A prototypical nanoparticle is produced by chemical synthesis, then co

A prototypical nanoparticle is produced by chemical synthesis, then coated with polymers, drugs, fluorophores, peptides, proteins, or oligonucleotides, and eventually administered into cell cultures. Nanoparticles were conceived of as benign carriers, but multiple studies have demonstrated that their design influences cell uptake, gene expression, and toxicity.

More specifically, interactions between nanoparticle-bound ligands (the molecules that bind to nanoparticles) and cellular receptors depend on the engineered geometry and the ligand density of a nanomaterial. The nanoparticle acts as a scaffold whose design dictates the number of ligands that interact with the receptor target. A multivalent effect occurs when multiple ligands on the nanoparticle interact with multiple receptors on the cell. The binding strength of complexed ligands is more than the sum of individual affinities; the accumulated effect of multiple affinities is known as the avidity for the entire complex.

This phenomenon is illustrated by the binding affinity of the antibody trastuzumab to the ErbB2 receptor, a protein whose overexpression has been shown to play an important role in the development and progression of certain aggressive types of breast cancer. Trastuzumab's binding affinity to ErbB2 when liganded to a nanoparticle increases proportionally with the size of a nanoparticle, owing to a higher density of the ligand on the nanoparticle surface. However, when viewed in terms of the downstream signaling via the ErbB2 receptor, mid-sized gold nanoparticles induced the strongest effect, suggesting that factors beyond binding affinity must be considered.

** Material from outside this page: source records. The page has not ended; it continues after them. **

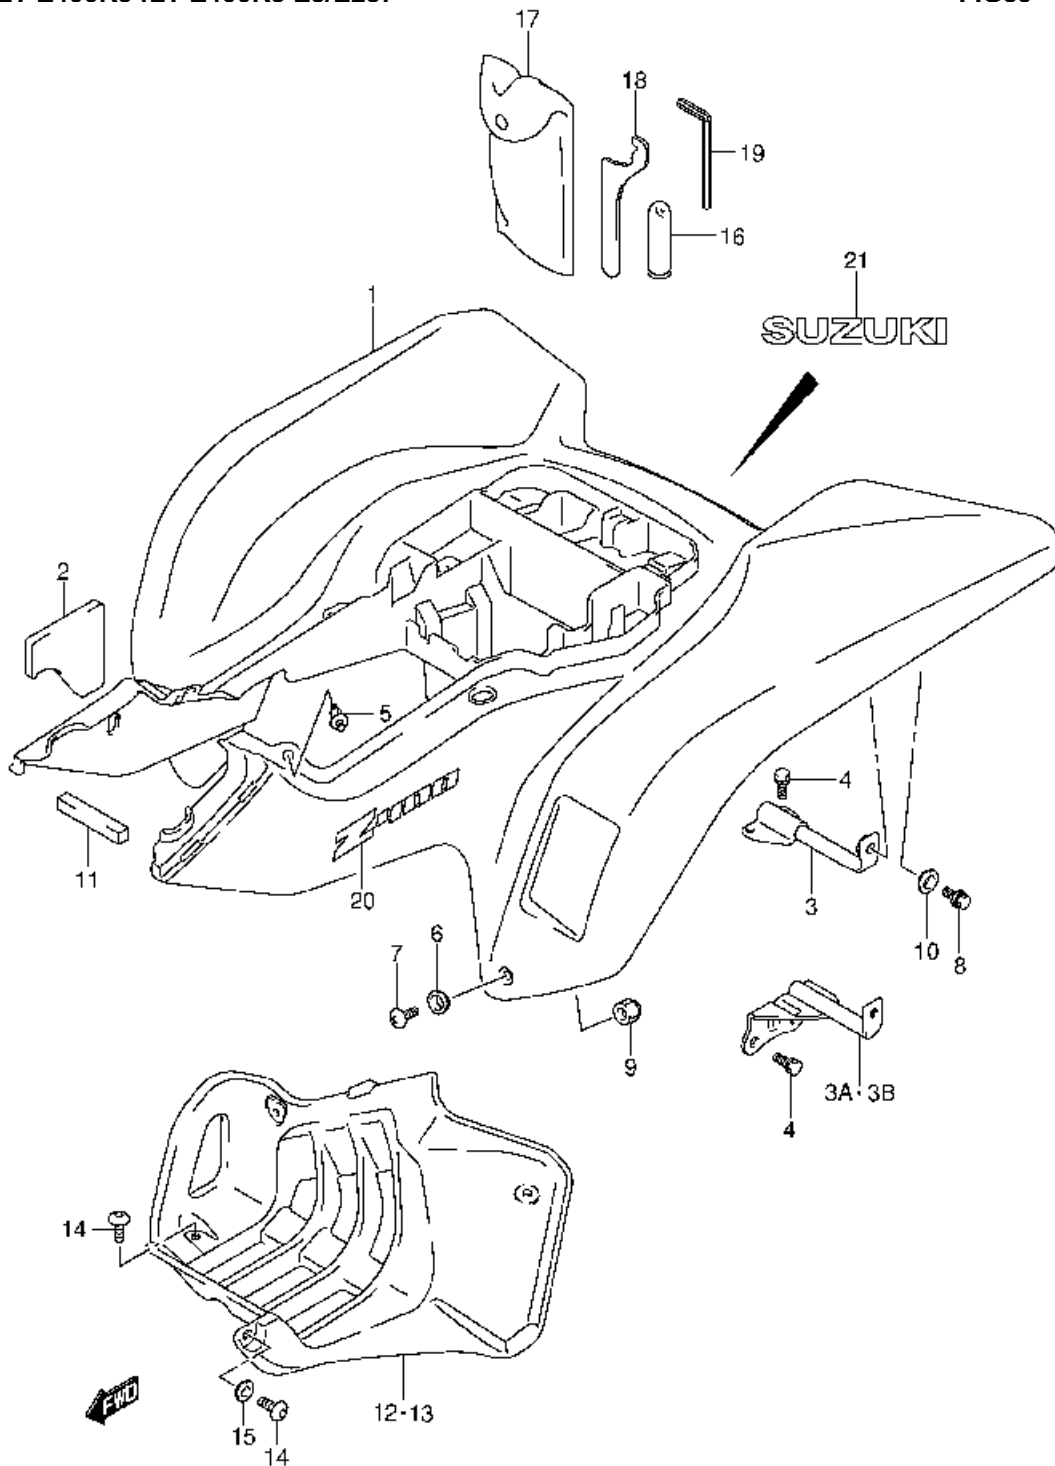

Ref No	Part No	Description
1	63111-07G00-YU1	Fender, Rear (yellow)
1	63111-07G00-30H	Fender, Rear (white)
2	63261-07G00	Shield
3a	63140-07G10	Bracket, Rh
3b	63150-07G10	Bracket, Lh
4	01570-06163	Bolt
5	09409-07333	Clip
6	09169-06045	Washer, Front
7	09139-06109	Bolt
8	01570-06203	Bolt, Rear
9	08319-21063	Nut
10	09169-06045	Washer Rear
11	63129-07G00	Cushion
12	63331-07G00-291	Mudguard, Footrest Rh (black)
13	63341-07G00-291	Mudguard, Footrest Lh (black)
14	09139-06109	Bolt
15	09169-06071	Washer
16	96200-18A02	Gauge, Air
17	09800-21046	Tool Assy
18	09822-00004	Clamp, Wrench
19	09816-00103	Hexagon Spanner, 4
21	68111-19B30-GY8	Emblem, "suzuki"
21	68111-19B30-8YM	Emblem, "suzuki"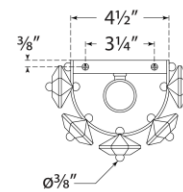

TEAR SHEET

Bonnington Tall Sconce

Item # ARN 2125PN-ALB

Designer: AERIN

Height: 22"

Width: 7.5"

Extension: 5"

Backplate: 4.5" x 12" Rectangle

Finishes: HAB, PN

Trim Options: ALB, CG

Socket: 2 - E26 Keyless

Wattage: 2 - 40 T6

Weight: 16 Pounds

Note: UL Only

Top View

Front View

Side View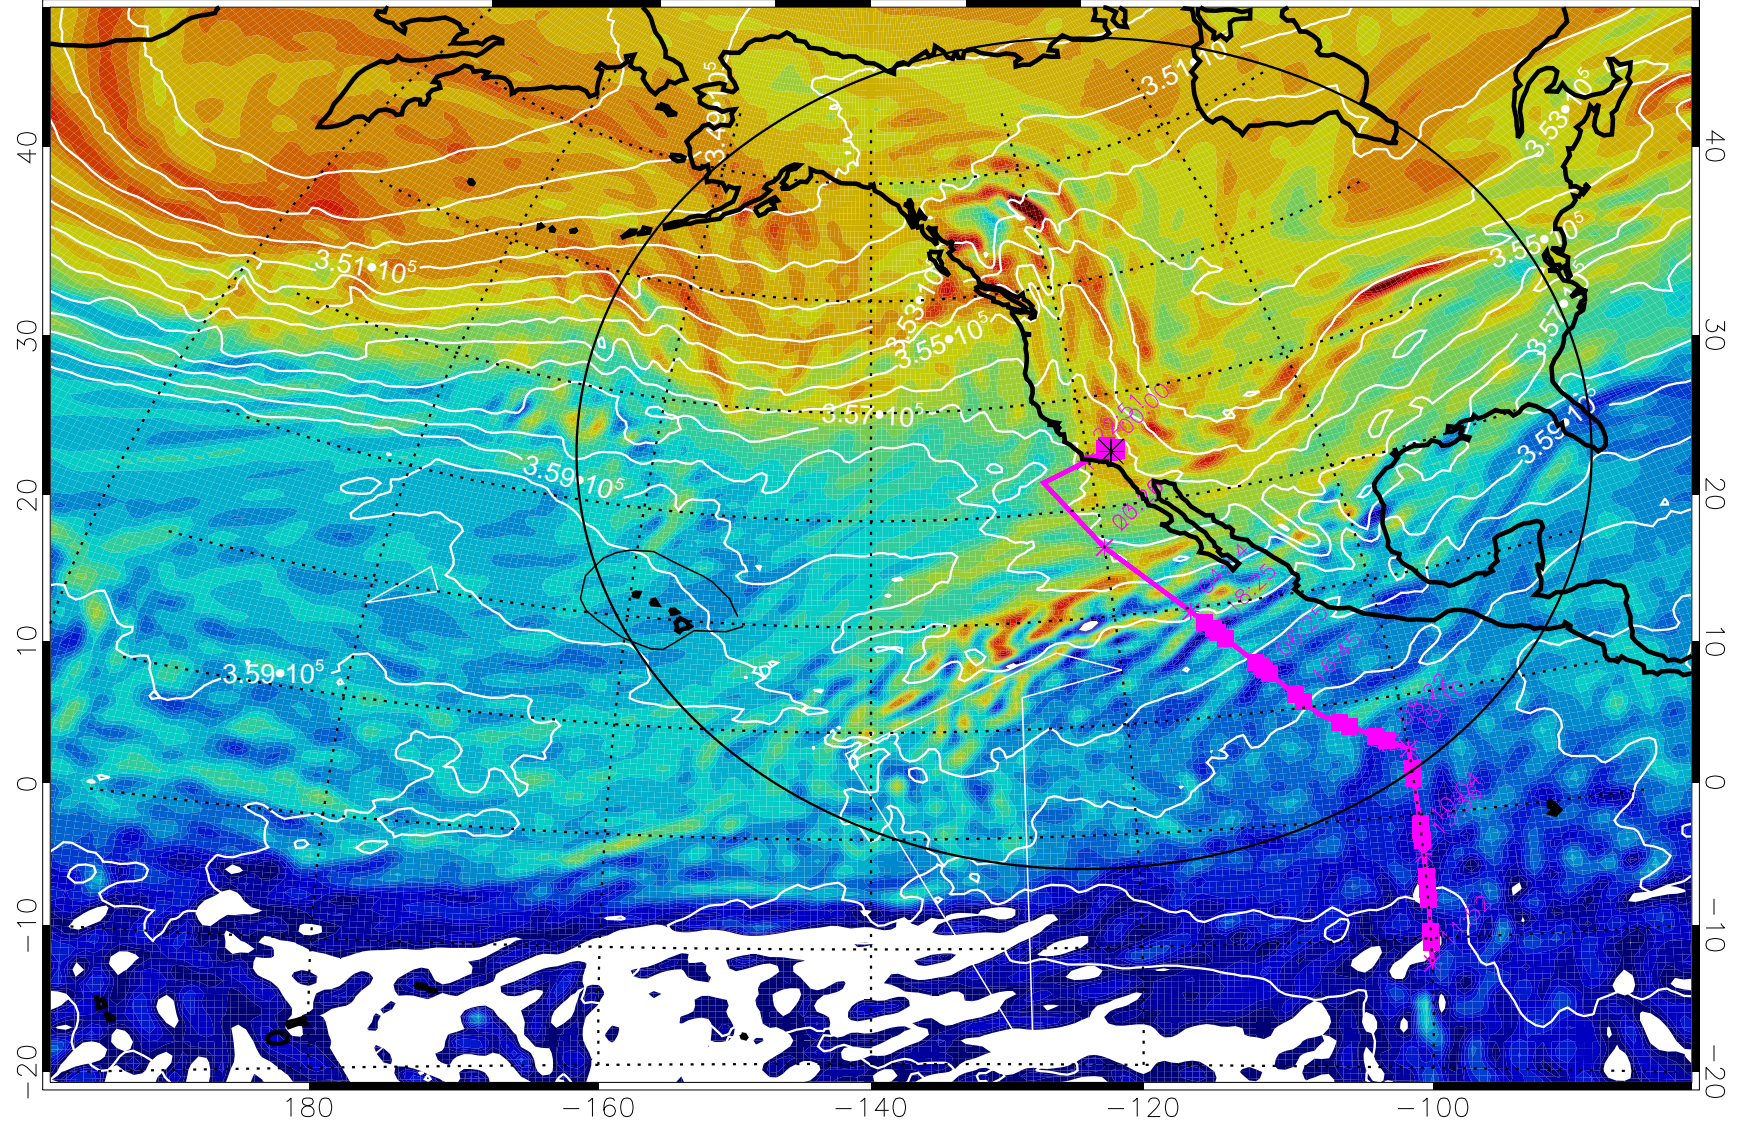

Range ring of 4055 km -- 13 hours GH round trip

13022318, 78 hour forecast for 380K EPV

380K Montgomery Streamfunction, white

Range ring of 4055 km -- 13 hours GH round trip

13022406, 90 hour forecast for 380K EPV

380K Montgomery Streamfunction, white

Range ring of 4055 km -- 13 hours GH round trip

13022412, 96 hour forecast for 380K EPV

160 180 -160 -140 -120 -100

380K Montgomery Streamfunction, white

Range ring of 4055 km -- 13 hours GH round trip

13022418, 102 hour forecast for 380K EPV

160 180 -160 -140 -120 -100

380K Montgomery Streamfunction, white

Range ring of 4055 km -- 13 hours GH round trip

13022500, 108 hour forecast for 380K EPV

160 180 -160 -140 -120 -100

380K Montgomery Streamfunction, white

Range ring of 4055 km -- 13 hours GH round trip

13022506, 114 hour forecast for 380K EPV

160 180 -160 -140 -120 -100

380K Montgomery Streamfunction, white

Range ring of 4055 km -- 13 hours GH round trip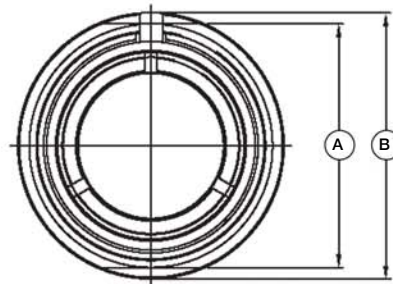

**SEA-MATE SERIES
SM-CCR-ATTACHABLE**

SEA-MATE Cable Connector Receptacle

Mates with SM-CCP

Dummy Connector: SM-DSP

CONNECTOR	A - Ø (INCHES)	B - Ø (INCHES)
SMG-CCR-ATTACHABLE	1.25	1.400
SMK-CCR-ATTACHABLE	1.625	1.775
SML-CCR-ATTACHABLE	2.00	2.150
SMM-CCR-ATTACHABLE	2.375	2.525

Furthermore, several studies have shown that nanoparticle design can generate effects not obtained simply by a free ligand in solution. For example, the aforementioned mid-sized trastuzumab-coated gold nanoparticles altered cellular apoptosis, the process of programmed cell death, by influencing the activation of the so-called "executioner" caspase enzymes. Similarly, receptor-specific peptides improved their ability to induce angiogenesis, the physiological process through which new blood vessels form from preexisting vessels, when these peptides are conjugated to a nanoparticle surface. Specifically, presentation of the peptide on a structured scaffold increased angiogenesis, which is dependent on receptor-mediated signaling. These findings highlight the advantages of a ligand bound to a nanoparticle over one free in solution. The nanoparticle surface creates a region of highly concentrated ligand, which increases avidity and, potentially, alters cell signaling.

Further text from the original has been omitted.